转眼秋色已浓,天地一片青橙。
子充的腿伤已无大碍,又回到学宫日常。
金色斜阳下,又能看到他们拖着长长的身影,快活地走在大道上。老丰和华起坐在马车上慢慢跟在后面,一路闲聊,马车的影子也拉得长长的。
两人的关系似乎回到了旧时,一切如常,仿佛那些悄然滋长的情愫与未捅破的隐秘都不曾存在过。
姜非见他对自己同往常一样,断定他还不知自己是女子,心里也没了戒备,与他嘻嘻哈哈的一如从前。
子充不打算和她说什么,保持这样的关系也不错。毕竟,他还未到及冠的年龄,成亲的事也还太早,她暂时也应不打算嫁人,以后的事就以后再说吧。
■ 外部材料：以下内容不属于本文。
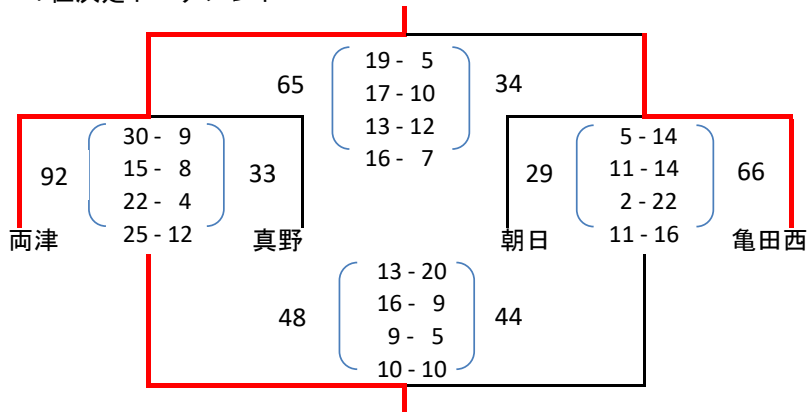

第25回 佐渡中学校親善バスケットボール大会女子順位決定トーナメント

1～4位決定トーナメント

不过,他最近突然发现,原来不做世子也很好。日子过得普普通通,不用想那么多事,很轻松也很开心。姜非对着他开怀大笑时,他觉得特别满足,那是从不曾有过的幸福感。
这日晚上,姜非刚刚睡下,便听得院外好一阵忙乱,她睡不着,忍不住起身,要去看看发生了何事。
她走过屋侧回廊,来到院中,见几个厮役正忙着往院内搬运几个大箱子,父亲姜耳正在屋内灯下写着什么。
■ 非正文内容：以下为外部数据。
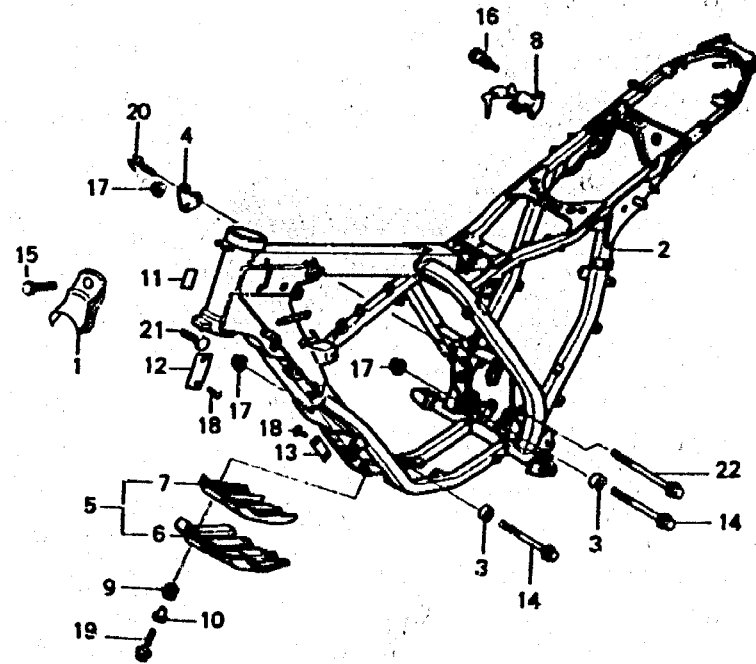

F - 29

Frame body

Cadre

Rahmen

Cuerpo de cusdro

BK63-35A

3

Item d'entretien	T.D.R.	N ^o réf.	N ^o de pièce	Description	N ^o de requis			N ^o de série	Code de zone
					MX115	MX	RM		
		7	50352-KS3-930	CAOUTCHOUC DE MONTAGE DE PLAQUE DE DERAPAGE	1	-	-		
		8	50710-KS3-900	PORTE-CASQUE.....	1	1	1		
		9	61103-357-000	CAOUTCHOUC DE MONTAGE DE GARDE-BOUL AV.	4	4	4		
		10	61104-357-000	COLLIER DE GARDE-BOUE AV.....	4	4	4		
		* 11	87501-KS3-950	PLAQUE DE NUMERO D'ENPEGISTREMENT	-	1	-		PO,SP
		12	87501-KS3-930	PLAQUE DE NUMERO D'ENREGISIREMENT	1	1	-		SD,SW
		* 13	87501-KS3-970	PLAQUE DE NUMERO D'ENREGISTREMENT	-	-	1		
		14	90025-PD1-000	BOULON DE BRIDE, 10X110.....	2	2	2		
		15	90101-GC5-310	BOULON SPECIAL 8x16	-	2	-		
		16	90107-449-000	BOULON DE FIXATION DE PORTE-CASQUE	2	2	2		SO

“父亲,这么晚了,怎么还在忙?院内怎么这么多箱子?”姜非走进屋来。
姜耳抬头看看姜非,神色凝重道:“非儿,宋公薨逝了,国君遣我去商丘吊唁,明日清早便启程。”说完他继续低头写着。
“宋公?子充的父亲?”姜非的眼神僵着,内心在翻腾。
“是!我刚从他那回来。”
“他要同父亲一起去?他要回宋国了?”
她不禁急问,心紧张地似乎要跳出来。
“不,他不去。”
“他为何不去?”她松了一口气,又满心疑惑,“他应该去啊!”
“当年,宋公送他来郑国时,与郑公再三叮嘱,如果有这么一天,务必不让子充回国奔丧。”
“为何?……有人要害他?这么危险吗?宋公不是已将君位传于子充的从叔了吗?为何还有危险?”姜非不解,满脸疑惑地看着姜耳。
“或许,新君觉得……子充对他是威胁?或许……宋国朝堂比较复杂。”姜耳欲言又止。
“那他在郑国一定是安全的吧?你刚见他,他还好吧?”
“嗯。”姜耳叹了口气,“我让他最近先不去学宫,休息些时日。”
姜非稍微放心些,“父亲要去多久?”
“此行应不会太久,往返路程五六日,葬礼,新君即位……估计也就十几天。你在家好好听姑母的话。姜耳抬头看她,“回屋睡吧,不早了。”
姜非回屋躺床榻上,心想,子充一定很伤心,要不要去看看他?可是这大半夜的,去了同他说什么?想着想着便迷迷糊糊睡着了。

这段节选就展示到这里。